A Recorrente CGD não concorda com essa decisão invocando, em síntese, erro de julgamento de facto porquanto a dívida exequenda não se mostra completamente liquidada, pois o facto que consta no ponto 9 refere-se à dívida à data da instauração da execução fiscal que não tinha em consideração os juros [conclusões 23 a 32] e erro de julgamento de direito porquanto a dívida não se encontra prescrita na medida em que o prazo de prescrição interrompe-se com a citação em 10/10/1989, prazo que não volta a correr enquanto não transitar em julgado a decisão que puser termo ao processo (artigos 326.º, n.º 1 e 327.º n.º 1, ambos do CC) [conclusões 1 a 22].

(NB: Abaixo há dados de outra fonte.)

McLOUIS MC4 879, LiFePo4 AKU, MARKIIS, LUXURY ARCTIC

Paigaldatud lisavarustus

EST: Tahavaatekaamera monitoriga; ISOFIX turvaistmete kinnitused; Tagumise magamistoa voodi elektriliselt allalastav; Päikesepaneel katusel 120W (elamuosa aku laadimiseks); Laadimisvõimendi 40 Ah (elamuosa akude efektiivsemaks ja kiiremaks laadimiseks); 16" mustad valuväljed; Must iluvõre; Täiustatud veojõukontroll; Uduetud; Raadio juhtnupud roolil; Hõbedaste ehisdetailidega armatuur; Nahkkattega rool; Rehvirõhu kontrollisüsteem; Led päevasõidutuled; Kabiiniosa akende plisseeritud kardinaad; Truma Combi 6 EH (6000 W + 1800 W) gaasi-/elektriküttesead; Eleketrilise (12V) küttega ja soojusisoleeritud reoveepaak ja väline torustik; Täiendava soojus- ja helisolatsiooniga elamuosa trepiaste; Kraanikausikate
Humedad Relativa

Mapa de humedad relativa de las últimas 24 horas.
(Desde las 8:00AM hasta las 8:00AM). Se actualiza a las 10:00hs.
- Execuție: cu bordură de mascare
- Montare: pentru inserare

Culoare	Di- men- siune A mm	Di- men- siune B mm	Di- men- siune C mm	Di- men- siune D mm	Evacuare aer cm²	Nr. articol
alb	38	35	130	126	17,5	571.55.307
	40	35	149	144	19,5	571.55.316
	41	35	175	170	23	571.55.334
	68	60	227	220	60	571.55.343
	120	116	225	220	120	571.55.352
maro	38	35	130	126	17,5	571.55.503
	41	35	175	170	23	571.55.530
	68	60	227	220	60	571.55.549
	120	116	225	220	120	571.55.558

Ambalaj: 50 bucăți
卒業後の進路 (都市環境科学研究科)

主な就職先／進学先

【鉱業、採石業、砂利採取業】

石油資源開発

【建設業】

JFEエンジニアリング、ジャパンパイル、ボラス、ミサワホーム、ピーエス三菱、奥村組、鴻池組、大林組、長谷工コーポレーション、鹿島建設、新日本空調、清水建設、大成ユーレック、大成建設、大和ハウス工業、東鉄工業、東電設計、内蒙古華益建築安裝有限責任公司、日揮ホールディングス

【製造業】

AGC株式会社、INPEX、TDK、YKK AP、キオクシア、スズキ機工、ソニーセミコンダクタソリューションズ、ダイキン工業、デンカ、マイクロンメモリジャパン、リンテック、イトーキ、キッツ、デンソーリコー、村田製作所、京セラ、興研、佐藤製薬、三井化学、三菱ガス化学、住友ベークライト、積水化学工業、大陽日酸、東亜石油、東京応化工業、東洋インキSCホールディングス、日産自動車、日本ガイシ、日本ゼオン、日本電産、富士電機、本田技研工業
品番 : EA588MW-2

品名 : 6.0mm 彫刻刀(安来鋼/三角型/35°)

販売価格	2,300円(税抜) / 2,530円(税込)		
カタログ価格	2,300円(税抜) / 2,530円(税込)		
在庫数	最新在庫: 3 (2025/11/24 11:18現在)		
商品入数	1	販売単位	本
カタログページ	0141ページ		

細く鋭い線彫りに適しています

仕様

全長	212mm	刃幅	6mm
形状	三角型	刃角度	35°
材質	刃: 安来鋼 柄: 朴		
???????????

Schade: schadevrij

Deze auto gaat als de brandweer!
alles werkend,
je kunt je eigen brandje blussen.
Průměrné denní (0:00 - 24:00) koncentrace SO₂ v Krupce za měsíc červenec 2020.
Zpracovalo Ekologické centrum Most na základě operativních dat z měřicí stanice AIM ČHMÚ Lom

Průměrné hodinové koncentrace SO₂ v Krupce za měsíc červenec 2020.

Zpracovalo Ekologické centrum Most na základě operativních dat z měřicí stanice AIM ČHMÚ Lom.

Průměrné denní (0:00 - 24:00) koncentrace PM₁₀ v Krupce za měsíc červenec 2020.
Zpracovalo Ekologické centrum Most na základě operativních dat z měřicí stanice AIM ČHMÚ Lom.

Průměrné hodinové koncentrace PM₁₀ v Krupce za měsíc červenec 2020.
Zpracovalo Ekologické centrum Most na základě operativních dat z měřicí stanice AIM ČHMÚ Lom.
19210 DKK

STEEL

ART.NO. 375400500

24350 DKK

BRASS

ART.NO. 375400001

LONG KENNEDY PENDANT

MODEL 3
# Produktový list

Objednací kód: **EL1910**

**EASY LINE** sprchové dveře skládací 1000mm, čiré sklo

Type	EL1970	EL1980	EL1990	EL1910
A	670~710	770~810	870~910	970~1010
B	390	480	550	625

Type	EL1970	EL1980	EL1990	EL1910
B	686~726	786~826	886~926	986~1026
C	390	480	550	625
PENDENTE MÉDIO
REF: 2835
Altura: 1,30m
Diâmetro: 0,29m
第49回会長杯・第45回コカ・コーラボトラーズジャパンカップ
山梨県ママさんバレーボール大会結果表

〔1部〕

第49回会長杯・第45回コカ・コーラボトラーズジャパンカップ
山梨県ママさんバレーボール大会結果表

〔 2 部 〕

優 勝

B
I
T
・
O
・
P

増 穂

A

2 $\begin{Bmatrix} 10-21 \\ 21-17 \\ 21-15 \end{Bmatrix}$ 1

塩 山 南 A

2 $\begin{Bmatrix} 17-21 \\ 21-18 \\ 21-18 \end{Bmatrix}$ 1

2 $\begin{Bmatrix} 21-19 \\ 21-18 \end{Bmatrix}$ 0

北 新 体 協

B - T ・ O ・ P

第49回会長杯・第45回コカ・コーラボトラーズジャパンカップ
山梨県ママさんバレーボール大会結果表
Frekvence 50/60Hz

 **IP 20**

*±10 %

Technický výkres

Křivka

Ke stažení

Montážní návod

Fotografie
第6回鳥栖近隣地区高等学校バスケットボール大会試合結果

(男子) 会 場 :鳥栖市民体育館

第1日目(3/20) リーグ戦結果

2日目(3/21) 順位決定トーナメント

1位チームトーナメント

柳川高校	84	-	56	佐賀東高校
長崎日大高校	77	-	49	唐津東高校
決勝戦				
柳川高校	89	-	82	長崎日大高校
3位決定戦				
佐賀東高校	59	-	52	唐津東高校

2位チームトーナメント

Relativamente ao erro de julgamento de facto está em causa o ponto 9 da matéria de facto, no qual foi dado como provado:

“9. À data da venda o valor do processo era de Esc.: 2563.909$00 sendo que a conta de custas era de Esc.: 203.991$00 o que totaliza a quantia de Esc.:2.767.900$00, à qual ascendiam mais Esc:2.675.372$00 de juros de mora (cfr. docs. juntos a fls. 160 e 161 do processo executivo junto aos autos);”

Com base nessa matéria de facto a Meritíssima juíza a quo entendeu que estaria em causa apenas a prescrição dos juros, pois o montante arrecadado (Esc. 3.825.000$) era suficiente para o pagamento da dívida exequenda (Esc. 2.563.909$00) e as custas (203.991$00), sobejando ainda o montante de Esc. 1.057.100$00 para o pagamento dos juros.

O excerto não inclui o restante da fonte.